Alzheimer’s disease is a progressive and ultimately fatal brain disorder named for Dr. Alois Alzheimer, who first noted it in 1906. Alzheimer’s disease causes brain cells to deteriorate and eventually die, causing the loss of cognitive functions, including memory, judgment and reasoning, as well as other functions.
Alzheimer’s disease is the most common form of dementia, a term used for loss of memory and other mental and intellectual abilities that are serious enough to interfere with daily life. Today, Alzheimer’s is the seventh-leading cause of death in the United States. As many as 5 million Americans have Alzheimer’s disease.
Plaques and Tangles Signify the Disease
The two most significant changes in the brain that identify Alzheimer’s are neuritic plaques and neurofibrillary tangles. The plaques first appear near brain synapses. Deposits of a protein fragment called beta amyloid occupy the center of these plaques. Inside brain neurons, neurofibrillary tangles start to develop. The plaques and tangles form in predictable patterns, beginning in the cerebral cortex and hippocampus. Magnetic resonance imaging (MRI) or Computed Tomography (CT) can identify these plaques and tangles and confirm the presence of Alzheimer’s disease. Studies suggest that the dementia in Alzheimer’s patients is caused by the shrinkage and death of neurons and synaptic loss, brought on by a cascade of events that occur in the disease.
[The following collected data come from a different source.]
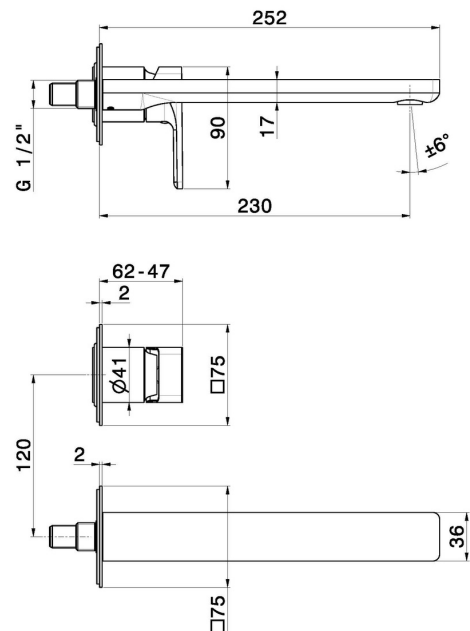

B-EASY

72630E.01.093

Wandmontierte einhebel-mischbatterie-gruppe für waschbecken
- oberfläche Schwarz matt

Außenteil. Ohne ablauf

EIGENSCHAFTEN

Material	Messing
Technologie	Save Water
Installation	wandmontierte
Auslauf	langer Auslauf
Lochtyp	2 Loch
Bedienungsart	Einhebelmischer
Ablaufgarnitur	ohne Ablauf
Wasservermischung	mechanische

Für die Installation erforderlich **27852.00.000**

TECHNISCHE ZEICHNUNG

B-EASY

72630E.01.093

Wandmontierte einhebel-mischbatterie-gruppe für waschbecken - oberfläche Schwarz matt

VERFÜGBARE OBERFLÄCHEN

01.093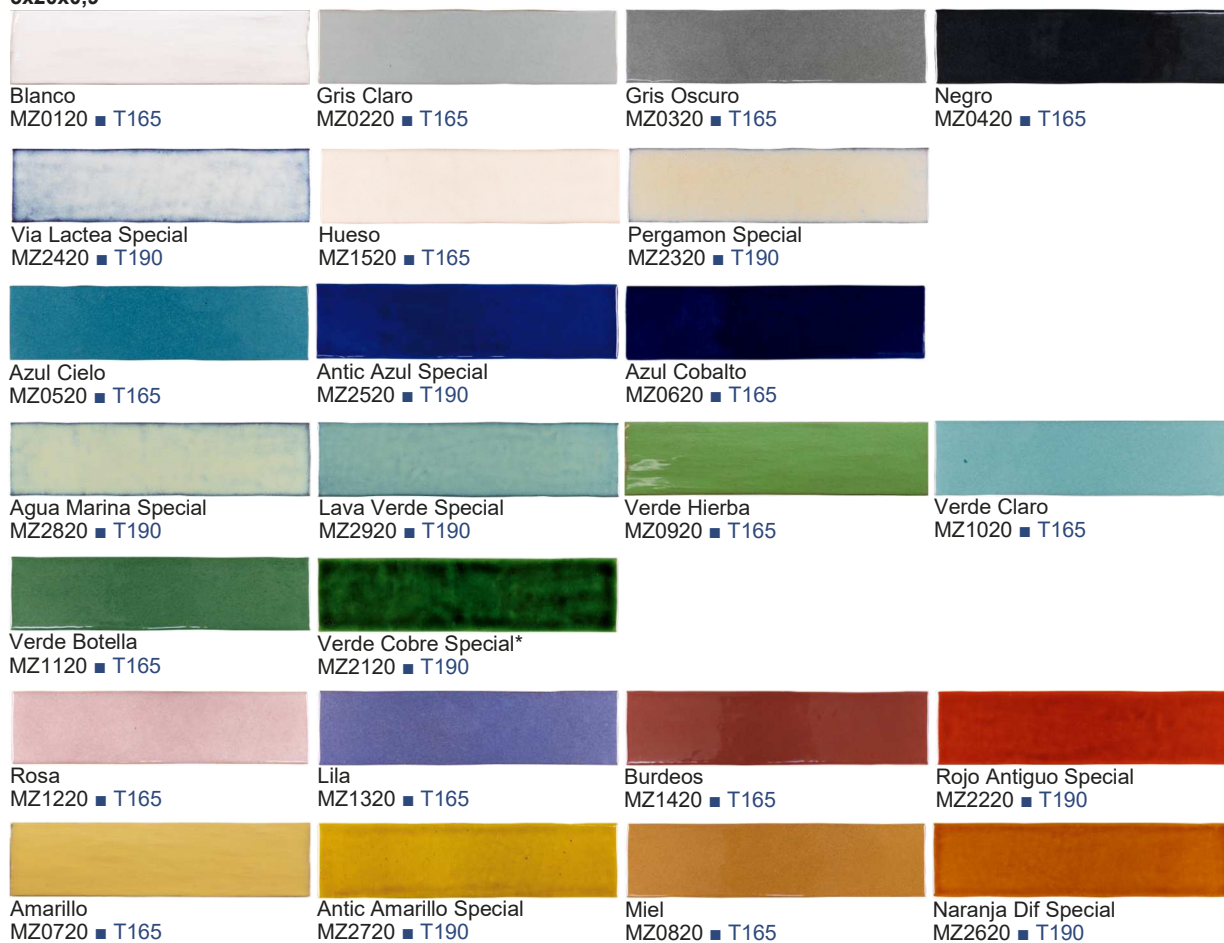

Pergamon S.
MZ2310 ■ T149

Azul Cielo
MZ0510 ■ T095

Antic Azul S
MZ2510 ■ T149

Azul Cobalto
MZ0610 ■ T095

Agua Marina S
MZ2810 ■ T149

Lava Verde S
MZ2910 ■ T149

Verde Hierba
MZ0910 ■ T095

Verde Claro
MZ1010 ■ T095

Verde Botella
MZ1110 ■ T095

Verde Cobre Special*
MZ2110 ■ T149

Rosa
MZ1210 ■ T095

Lila
MZ1310 ■ T095

Burdeos
MZ1410 ■ T095

Rojo Antigo Special
MZ2210 ■ T149

Amarillo
MZ0710 ■ T095

Antic Amarillo S
MZ2710 ■ T149

Miel
MZ0810 ■ T095

Naranja Dif Special
MZ2610 ■ T149

Zelij	Besteleenheid	st./m ²	kg./m ²	m ² /pallet	Pak/pallet	Toepassing	Oppervlak
10x10x0,9	81 st./0,81 m ²	100	18,2	63,18	78	Wand	Glans, Gemêleerd

*Het glazuur van de Verde Cobre Special is gevoelig voor verkleuring bij gebruik van zuren zoals bijvoorbeeld citroen en azijn in schoonmaakmiddelen. Deze tegels mogen alleen met schoon water worden afgenomen daarna direct drogen met een schone doek. Alleen geschikt voor droge toepassingen.

Zelij

5x20x0,9

Zelij	Besteleenheid	st./m ²	kg./m ²	m ² /pallet	Pak/pallet	Toepassing	Oppervlak
5x20x0,9	46 st./0,46 m ²	100	18,2	57,96	126	Wand	Glans, Gemêleerd

*Het glazuur van de Verde Cobre Special is gevoelig voor verkleuring bij gebruik van zuren zoals bijvoorbeeld citroen en azijn in schoonmaakmiddelen. Deze tegels mogen alleen met schoon water worden afgenomen daarna direct drogen met een schone doek. Alleen geschikt voor droge toepassingen.

Another significant factor in Alzheimer’s disease is the greatly reduced presence of the neurotransmitter acetylcholine, an important chemical for cognitive function. As acetylcholine production production decreases in the cortex and hippocampus, dementia becomes progressively worse.
Risk Factors & Onset
With each decade of adult life, the risk of getting Alzheimer’s increases. Although Alzheimer’s mostly affects older people, it can occur in people much younger. Genetic factors are known to play a role in less than 10% of cases. People with a family history of Alzheimer’s have a greater risk of the disease and some people inherit a gene that can cause early onset, before the age of 65.
Diagnosis & Treatment
The first symptom of Alzheimer’s disease is usually a loss of short-term memory, such as the forgetting of familiar names and places, appointments, and the names of everyday objects. Other symptoms of Alzheimer’s disease include:
- General confusion and disorientation to time and date
- A decreasing inability to perform everyday tasks
- Increasing problems communicating
- Repeating stories, words and questions
- The inability to perform simple math such as balancing a checkbook
- Personality changes including apathy, irritability, depression and anxiety
- Problems eating and sleeping.
- Wandering, paranoia and delusions
Your doctor can help diagnose the difference between normal aging and Alzheimer’s disease. A simple test to analyze memory and other skills can be given at the doctor’s office. Although there is no cure for Alzheimer’s disease, medications are available to alleviate symptoms. As researchers continue to make progress, it is hoped that future treatments will be available to stop the progression of the disease. Your doctor can keep you informed of the most up-to-date information on treatments for Alzheimer’s disease.